Fibrosis is characterized by excessive deposition of collagen and additional extracellular matrix (ECM) components in response to chronic injuries. Liver fibrosis often results from chronic hepatitis C virus infection and alcohol abuse that can deteriorate to cirrhosis and liver failure. Current noninvasive diagnostic methods of liver fibrosis are limited in their ability to detect and differentiate between early and intermediate stages of fibrosis. New biomarkers of fibrosis that reflect ECM turnover are therefore badly needed. Procollagen C-proteinase enhancer 1 (PCPE-1), a connective tissue glycoprotein that functions as a positive regulator of C-terminal procollagen processing and subsequent collagen fibril assembly, is a promising candidate.

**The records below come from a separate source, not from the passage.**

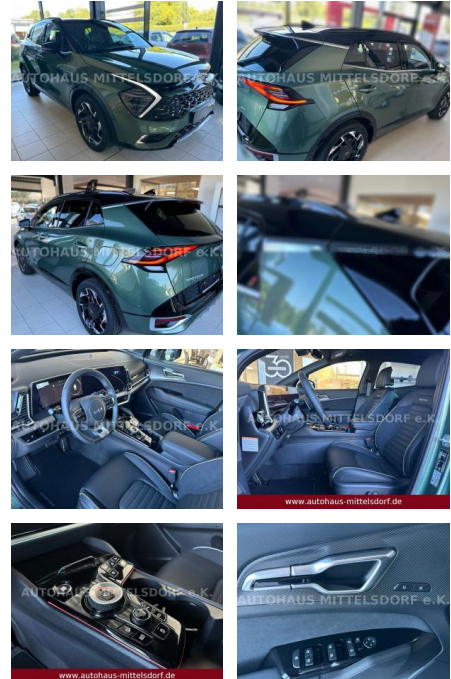

AM63-849

Angebotsnr.:

Erstzulassung:	Kilometer:	Farbe:	Leistung:	Kraftstoffart:
13.11.2023	2.000	Grün	132 kW / 179 PS	Benzin

PREIS
42.590 €

FINANZIERUNGSBEISPIEL

Laufzeit: 72 Monate Anzahlung: 25 %
Basis-Finanzierung:* Mtl. Rate:
Zielraten-Finanzierung:** **244 €**
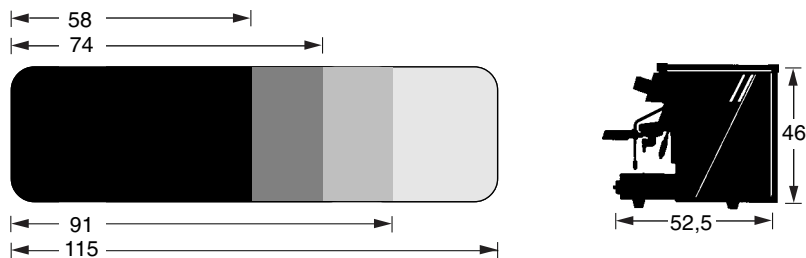

Máquina de café  
Machine à café  
Coffe machine  
Kafeemaschine  
Máquina de café  
Koffiemachine

La CEE es una máquina de café automática, con un sistema de dosificación volumétrico electrónico, que permite obtener hasta cuatro dosis distintas de café por grupo.
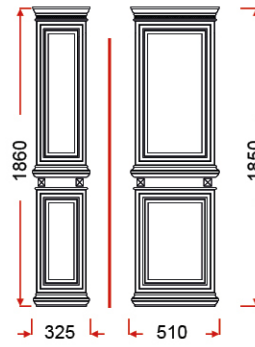

model: 101 - Fused 13
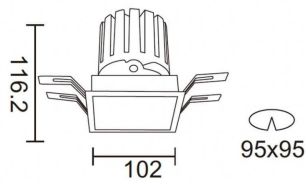

Esquema

Producto	
Potencia real (W)	28.7
Flujo luminoso real (lm)	2336
Eficacia luminosa (lm/W)	81.400000000000006
Ángulo de apertura	24
Life time (h)	50000 h L80B10
IP	20
Color	Silver
Driver incluido	Si
Equipo	ON/OFF
Flicker Free	Si
Light source	LED
Type of LED	COB
Temperatura de color (K)	3000
Consistencia de color (SDCM)	SDCM<3
CRI	90

Its tissue distribution and expression profile overlap those of collagen, and its expression in fibrosis is upregulated in parallel to the increase in collagen expression. The potential of PCPE-1 as a biomarker of liver fibrosis was recently established using a CCl4 mouse model of liver fibrosis by showing that the increase in collagen and PCPE-1 content in the fibrotic mouse liver was reflected by elevated plasma levels of PCPE-1. This was achieved using a newly developed highly sensitive, specific, accurate, and reproducible ELISA for mouse PCPE-1, which is based on commercially available antibodies and is offered as a new research tool in the field. A similar ELISA test was developed for human PCPE-1, and preliminary results with plasma from liver fibrosis patients revealed increased plasma concentrations of PCPE-1 in some patients. The protocols of both ELISA tests are outlined herein in great detail to permit their application by any laboratory with similar interests.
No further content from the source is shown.